CSD Functional Description

Each CSD consists essentially of two positive displacement axial slipper piston type hydraulic units, and a mechanical differential, which performs the speed summing function. The hydraulic units are the same in physical size, one unit having a variable hydraulic displacement unit and a variable angle wobbler and the other having a fixed angle wobbler and, therefore a fixed displacement. The hydraulic units rotate independently and are positioned on opposite sides of a common stationary port plate.

The variable displacement hydraulic unit runs at a fixed ratio with respect to the transmission input speed. Because the wobbler angle of the variable displacement unit is continuously variable in both directions (from full positive wobbler angle, to zero angle, to full negative wobbler angle), the displacement, of the variable displacement hydraulic unit, is continuously variable, from zero to full rated displacement in both directions. The fixed displacement hydraulic unit is driven by oil delivered by the variable displacement hydraulic unit. The fixed displacement hydraulic unit, will therefore run at any speed, from zero to full rated speed in either direction. The working pressure between the two hydraulic units is proportional to the torque being transmitted to the generator.

At the lower input speeds, the variable displacement unit acts as a hydraulic pump to supply flow to the fixed unit which is added to the input speed through the differential. At the straight through input speed, torque is transmitted directly through the differential unit and the fixed unit is not rotating. The variable displacement unit wobbler will be slightly offset from the zero angle so that some pumping will be accomplished and leakage loses made up. At input speed above straight through, the variable angle wobbler is set to allow negative displacement of the variable displacement hydraulic unit.

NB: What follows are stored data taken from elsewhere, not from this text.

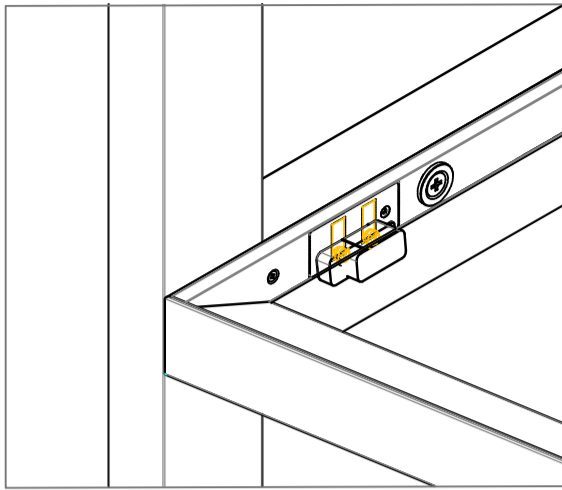

Lait

Lighted Lait shelves assembling instruction

Profiles of Lait Shelves Height 25 mm:

Profiles of Lait Shelves height 30 mm:

Profiles of Lait Shelves height 35 mm:

Connecting Joint for Shelves height 25 / 30 mm

Connecting Joint for Shelves height 35 mm

Lighted Lait shelves assembling instruction

Wardrobe Front View

Wardrobe Back View

Wardrobe Back View

Wardrobe Back View

Wardrobe Back View

Wardrobe Back View

Wardrobe Back View

Wardrobe Front View

Maori Shelf support

Wardrobe Front View

Lighted Lait shelves with Led assembling instruction

Wardrobe Back View

Wardrobe Back View

Wardrobe Back View

Wardrobe Front View

Wardrobe Front View

Lait shelves Technical data to calculate glass/wood dimension

Led in front position

Led in front & back position

No Led

$$L_R = L_{vano} - 0.$$

$$L_{Led} = L_R - 1.968'' (50mm)$$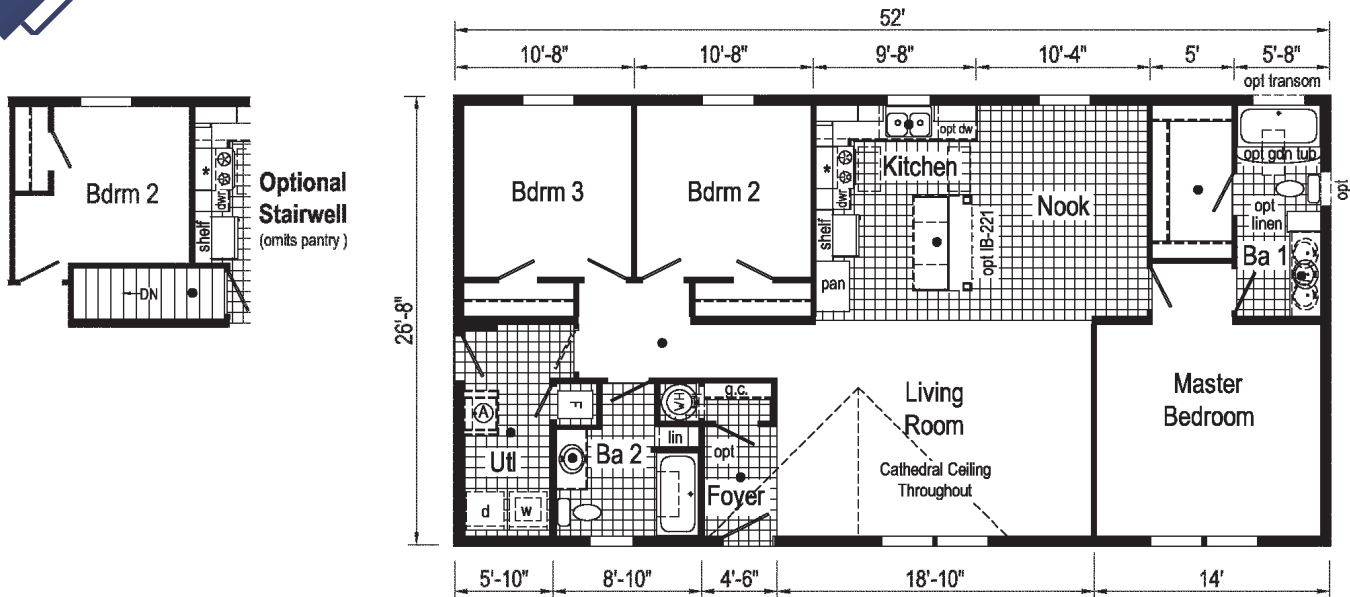

Optional Hutch

Optional Stairwell

**TD1006P**  
1280 Sq. Ft.  
2848

Optional Hutch

Optional Stairwell

(omits g.c.)

**Optional  
Stairwell**  
(omits pantry)

**TD1013P**  
1280 Sq. Ft.  
2848

**TD1015P**  
1280 Sq. Ft.  
2848

**TD1015P**  
PHOTOS

\*Please use pictures for floorplan vision only.  
Decors and materials used are constantly  
changed and improved.

Scan to  
Watch  
Video!

**TD1007P**  
1387 Sq. Ft.  
2852

**TD1014P**  
1387 Sq. Ft.  
2852

\*\*This cabinet color has been discontinued

\*Please use pictures for floorplan vision only. Decors and materials used are constantly changed and improved.

**TD100IP**  
 1387 Sq. Ft.  
 2852

Scan to Watch Video!

**TD1002P**  
 1493 Sq. Ft.  
 2856

**Optional Stairwell**  
 (omits pantry)

**TD1010P**  
 1493 Sq. Ft.  
 2856

**TD1003P**  
1600 Sq. Ft.  
2860

**TD1011P**  
1600 Sq. Ft.  
2860

**TD1008P**  
 1813 Sq. Ft.  
 2868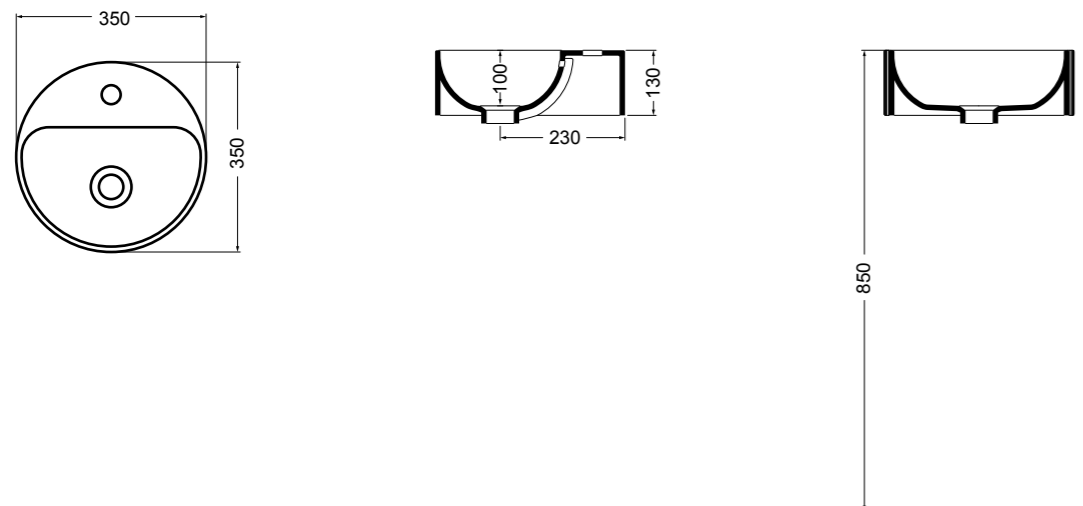

WS109 NORMAL lavabo sospeso, incasso e da appoggio 100 cm_NORMAL wall hung, inset and counter-top basin 100 cm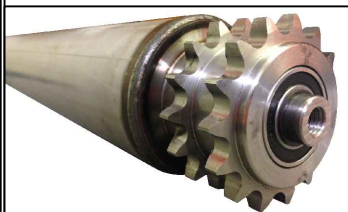

DRG No. 3900-CDR8915T58PDSIMAX812- BB

COPYRIGHT RESERVED

CONV WIDTH / OA	LOAD CAPACITY UDL * 75% OA
200+	-
750	-
900	650
1000	560
1100	560
1200	340
1300	230
1400	230
1500	155
1600	138

FINISH	BZP
MATERIAL	MILD STEEL
HEAT TREATMENT	AS BRGS SUPPLIED
LUBRICATION	" " "
DRAWN: P. BEVAN	DATE: 17.12.19

TITLE: 3900 SERIES 89DIA H/DUTY SPROCKET ROLL 15T 5/8" (10B1 CHAIN)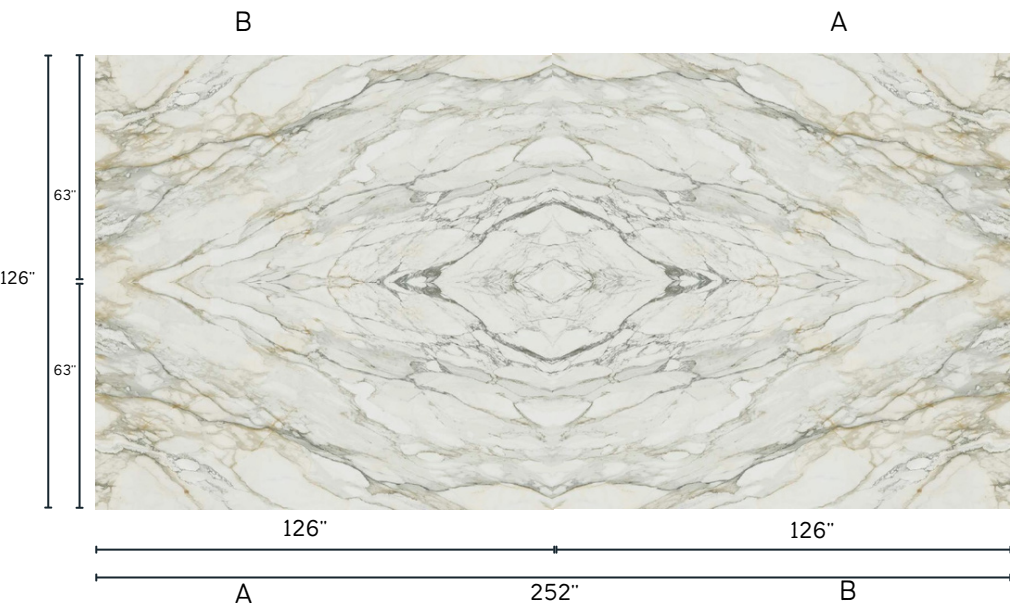

SIZE: 126"x 63"

THICKNESS : 12mm / .50"

WEIGHT : 315 Pounds

FINISHES : Levicato/Polished

☎ (516) 877 -7032

✉ info@raimarble.com

🌐 www.raimarble.com

📷 rai_marble

SIZE: 126"x 63"

THICKNESS : 12mm 047"

WEIGHT : 315 Pounds

FINISHES : *Levicato Polished*

☎ (516) 877 -7032

✉ info@raimarble.com

🌐 www.raimarble.com

📷 rai_marble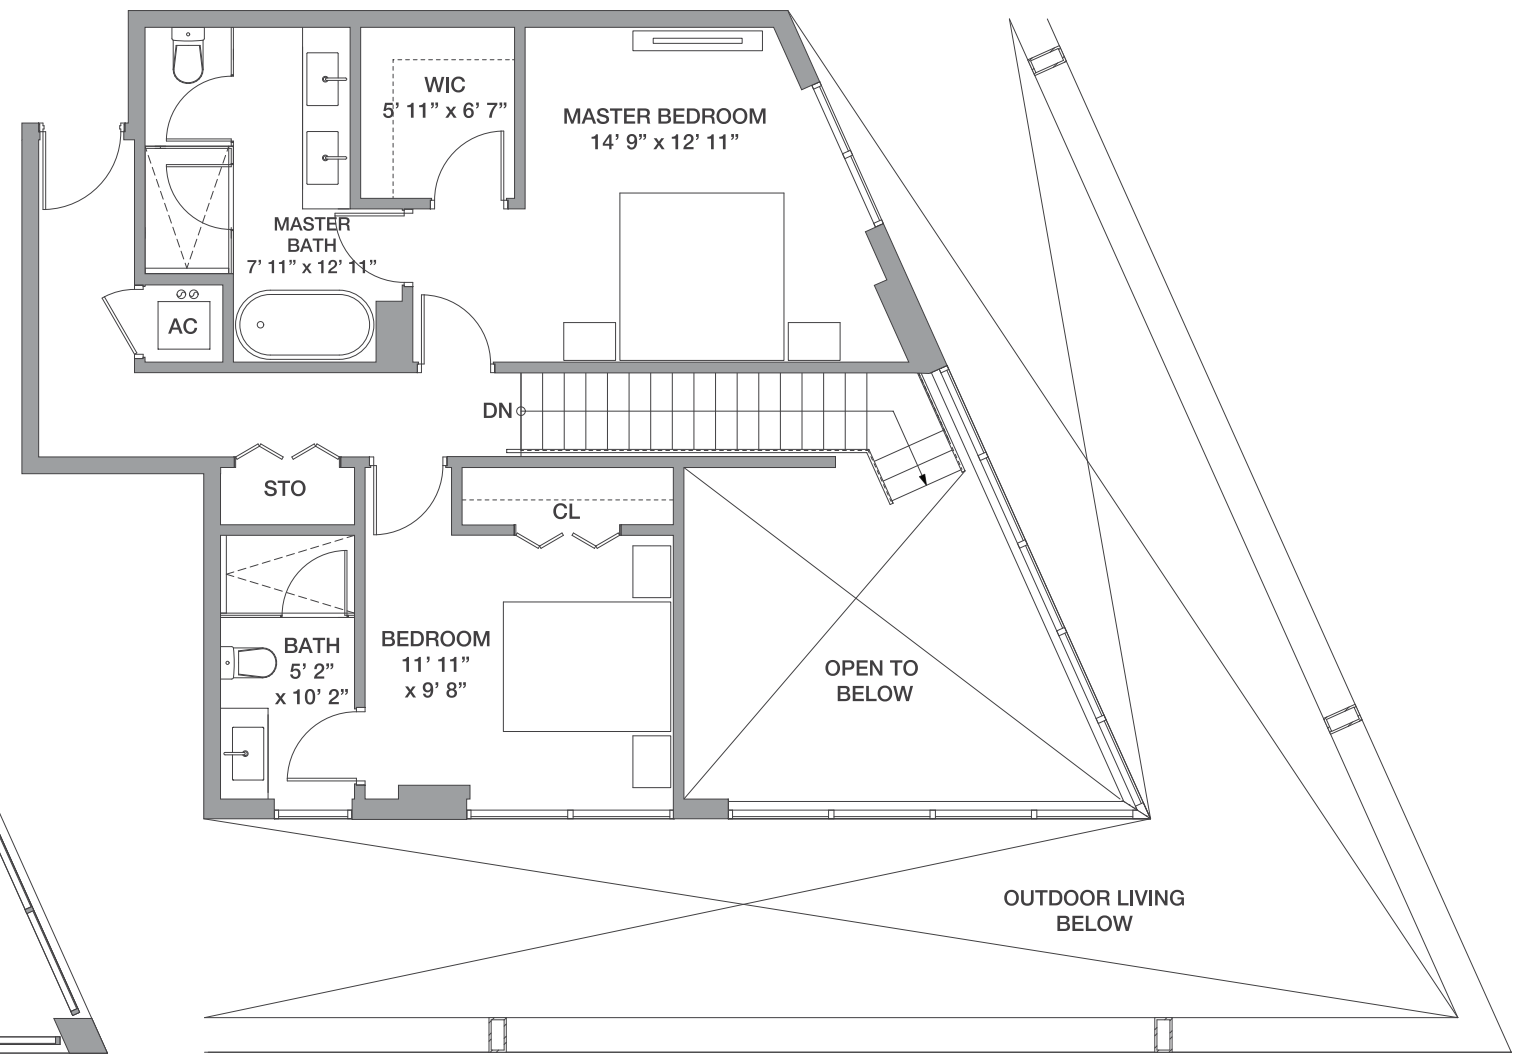

PH 09

3 Bedrooms / 3.5 Baths

Floors: 27 - 28

Residence Interior	1,755 SqFt	163 SqM
Outdoor Living	725 SqFt	68 SqM
Total:	2,480 SqFt	231 SqM

FLOORS: 27 - 28

The working pressure, in this case, is manipulated to allow the fixed displacement hydraulic unit to be motored by the differential and subtract from the input speed. The variable displacement unit is acting as a motor. The multiple piston hydraulic unit in the mechanical differential type CSD unit handles only a portion of the power transmitted, therefore it is reduced in size. Since power loss is less in mechanical differentials than for multiple piston type hydraulic units, heat rejection is low resulting in high efficiency

Integrated Drive Generator (IDG)

Provide an elegant solution for supplying constant frequency AC electrical power to the aircraft, which can simplify the design of the complete electrical system. The IDG makes use of a highly reliable continuously variable transmission - the constant speed drive - which converts the variable input speed provided by an aircraft's engine into a constant output speed for the IDG's integral AC generator. This integration of drive and generator provides a proven and reliable solution for constant frequency electrical power.